- _Exercise aim_
For the word "prednjice", find each line in the entries where it occurs and copy that line.

- _The input_
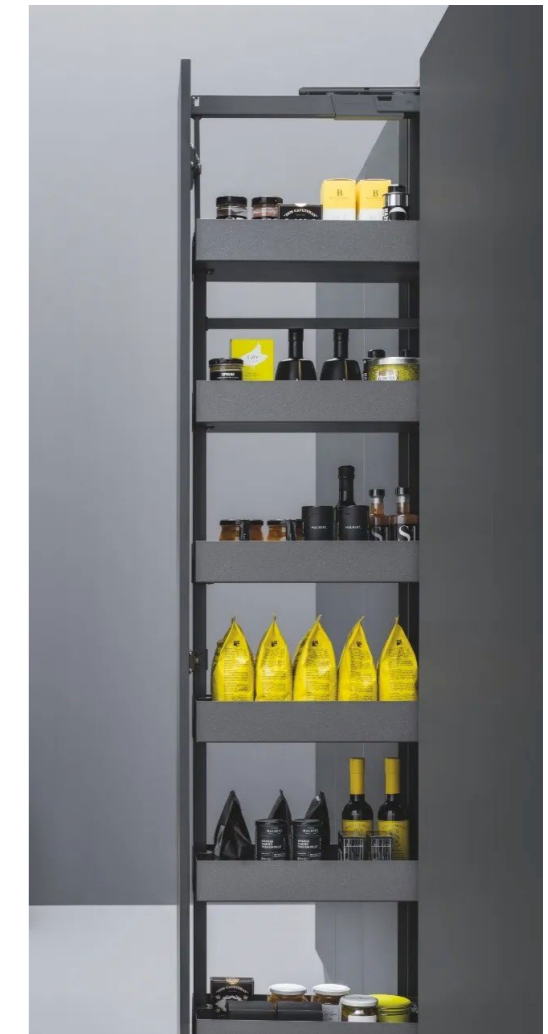

Ident	Naziv	JM
VIKVO181-210ANT	VIBO kolona 181-210, antracit, bez vodilice	KOM
VIKVOVODANT	VIBO vodilica za kolonu, antracit, 120kg, SC	KOM
VIK15KLA	VIBO košara kolone 15, LAMINA, antracit	KOM
VIK15PLANT	VIBO pričvršćivač prednjice kolone 15, antracit	KOM
VIK30KLA	VIBO košara kolone 30, LAMINA, antracit	KOM
VIK30PLANT	VIBO pričvršćivač prednjice kolone 30, antracit	KOM

- _Result below_
VIK15PLANT	VIBO pričvršćivač prednjice kolone 15, antracit	KOM
VIK30PLANT	VIBO pričvršćivač prednjice kolone 30, antracit	KOM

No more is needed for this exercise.